● Your assignment:
Every line from the line containing "Начало интервала: 24.01.2021 09:03" to the end of the data must appear in the answer exactly as it appears there, and nothing else.

● Records supplied:
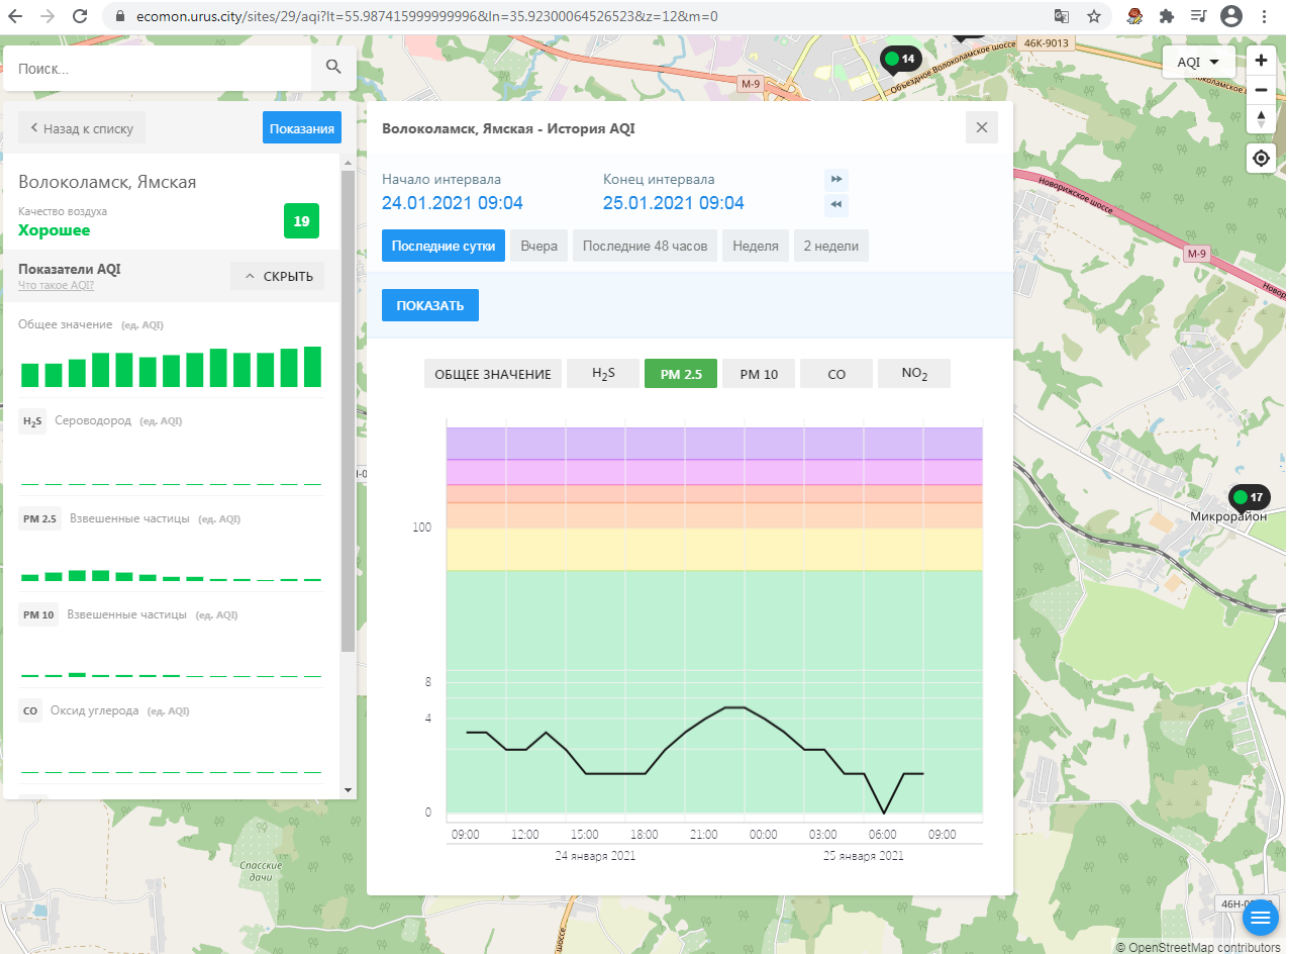

Показатели AQI
Что такое AQI? ^ СКРЫТЬ

Общее значение (ед. AQI)

H₂S Сероводород (ед. AQI)

PM 2.5 Взвешенные частицы (ед. AQI)

PM 10 Взвешенные частицы (ед. AQI)

CO Оксид углерода (ед. AQI)

Волоколамск, Родниковая - История AQI

Качество воздуха **18**
Хорошее

Показатели AQI
Что такое AQI? ^ СКРЫТЬ

Общее значение (ед. AQI)

H₂S Сероводород (ед. AQI)

PM 2.5 Взвешенные частицы (ед. AQI)

PM 10 Взвешенные частицы (ед. AQI)

CO Оксид углерода (ед. AQI)

Волоколамск, Хлебозавод - История AQI

Начало интервала: 24.01.2021 09:03
Конец интервала: 25.01.2021 09:03

Последние сутки | Вчера | Последние 48 часов | Неделя | 2 недели

ПОКАЗАТЬ

ОБЩЕЕ ЗНАЧЕНИЕ | H₂S | **PM 2.5** | PM 10 | CO | SO₂ | NO₂

ecomon.urus.city/sites/29/aqi?lt=55.987415999999996&ln=35.92300064526523&z=12&m=0

Поиск...

Волоколамск, Ямская

Качество воздуха **Хорошее** 19

Показатели AQI

Общее значение (ед. AQI)

H₂S Сероводород (ед. AQI)

● Response:
Начало интервала: 24.01.2021 09:03
Конец интервала: 25.01.2021 09:03

Последние сутки | Вчера | Последние 48 часов | Неделя | 2 недели

ПОКАЗАТЬ

ОБЩЕЕ ЗНАЧЕНИЕ | H₂S | **PM 2.5** | PM 10 | CO | SO₂ | NO₂

ecomon.urus.city/sites/29/aqi?lt=55.987415999999996&ln=35.92300064526523&z=12&m=0

Поиск...

Волоколамск, Ямская

Качество воздуха **Хорошее** 19

Показатели AQI

Общее значение (ед. AQI)

H₂S Сероводород (ед. AQI)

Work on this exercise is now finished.